Keras ver 2.4.3
I'm creating a simple Image-Caption Model which has two inputs and an output.
The model definition code is as follows:
# Image feat part
imginp = Input(shape=(512,))
imglay1 = Dropout(0.5)(imginp)
imglay2 = Dense(EMBED_SIZE, activation=act)(imglay1)
# LSTM Part
textinp = Input(shape=(39,))
textlay1 = Embedding(VOCAB_SIZE, EMBED_SIZE, mask_zero=True)(textinp)
textlay2 = Dropout(0.5)(textlay1)
textlay3 = LSTM(EMBED_SIZE)(textlay2)
# # Decoder part that combines both
declay1 = Add()([imglay2, textlay3])
declay2 = Dense(EMBED_SIZE, activation=act)(declay1)
output = Dense(VOCAB_SIZE, activation="softmax")(declay2)
# Creating keras model
model = tf.keras.models.Model(inputs=[imginp,textinp],outputs=output)
model.summary()
The model however gives a error on model.fit()

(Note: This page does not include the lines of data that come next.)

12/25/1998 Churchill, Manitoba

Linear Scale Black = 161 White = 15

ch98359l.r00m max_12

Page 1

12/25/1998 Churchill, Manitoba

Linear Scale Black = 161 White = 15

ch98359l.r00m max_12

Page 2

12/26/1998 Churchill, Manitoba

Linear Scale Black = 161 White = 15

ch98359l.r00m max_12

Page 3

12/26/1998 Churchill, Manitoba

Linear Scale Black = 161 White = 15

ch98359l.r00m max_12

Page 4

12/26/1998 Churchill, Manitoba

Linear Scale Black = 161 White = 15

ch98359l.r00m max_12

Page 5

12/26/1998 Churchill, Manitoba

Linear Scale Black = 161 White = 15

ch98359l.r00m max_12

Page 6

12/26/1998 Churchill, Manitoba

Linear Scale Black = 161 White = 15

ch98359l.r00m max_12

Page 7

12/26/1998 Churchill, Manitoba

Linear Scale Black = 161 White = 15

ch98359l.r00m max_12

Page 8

and I noticed the Input Layer is giving a strange output which I believe is causing the error. snippet of summary
looks like this:
__________________________________________________________________________________________________
Layer (type) Output Shape Param # Connected to
==================================================================================================
input_82 (InputLayer) [(None, 39)] 0
__________________________________________________________________________________________________
input_81 (InputLayer) [(None, 512)] 0
__________________________________________________________________________________________________
embedding_31 (Embedding) (None, 39, 300) 511800 input_82[0][0]
__________________________________________________________________________________________________
dropout_79 (Dropout) (None, 512) 0 input_81[0][0]

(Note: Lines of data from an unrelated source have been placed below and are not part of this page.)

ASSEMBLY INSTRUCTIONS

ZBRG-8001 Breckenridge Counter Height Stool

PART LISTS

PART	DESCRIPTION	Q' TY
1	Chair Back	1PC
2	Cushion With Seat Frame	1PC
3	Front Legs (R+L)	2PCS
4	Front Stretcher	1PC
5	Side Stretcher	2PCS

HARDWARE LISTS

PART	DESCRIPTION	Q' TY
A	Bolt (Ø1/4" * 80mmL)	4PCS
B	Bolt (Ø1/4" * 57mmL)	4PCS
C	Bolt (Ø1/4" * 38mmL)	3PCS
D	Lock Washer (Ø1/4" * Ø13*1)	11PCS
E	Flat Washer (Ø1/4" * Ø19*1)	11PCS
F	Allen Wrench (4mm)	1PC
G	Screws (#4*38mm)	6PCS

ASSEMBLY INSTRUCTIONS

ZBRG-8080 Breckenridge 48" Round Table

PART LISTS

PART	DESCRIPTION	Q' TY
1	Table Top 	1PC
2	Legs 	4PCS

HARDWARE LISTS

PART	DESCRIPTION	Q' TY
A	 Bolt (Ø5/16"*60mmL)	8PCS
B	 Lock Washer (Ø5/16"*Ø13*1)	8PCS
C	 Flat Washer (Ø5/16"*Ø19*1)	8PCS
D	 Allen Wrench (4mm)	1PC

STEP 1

As you see the output shape for the input layers need to (None, 512)
and (None, 39)
but however they seem to be a list. And hence, I'm getting a ValueError: no grad available for the variables
though I did test the python data-generator. I believe this Input
layer api is causing some strange error.
Any Ideas ?
I would like to point out two things that cause this discrepancy -
(1) running the code locally vs on GoogleCollab causes the difference, where if the block of code is run on Collab, it throws an error at this instance saying gradients cannot propagate. So, it seems to be an issue with the Collab.
(2) Also, another quirkiness in Collab is that if there are functions written in py files that are imported into Collab env and then called from the notebook as apis then this error pops up. It is not related to the Keras ver but more related to underlying behavior of Collab runtine which I could not debug.
Glad that I would figure and test this out. For more details, please comment and I will try my best to answer.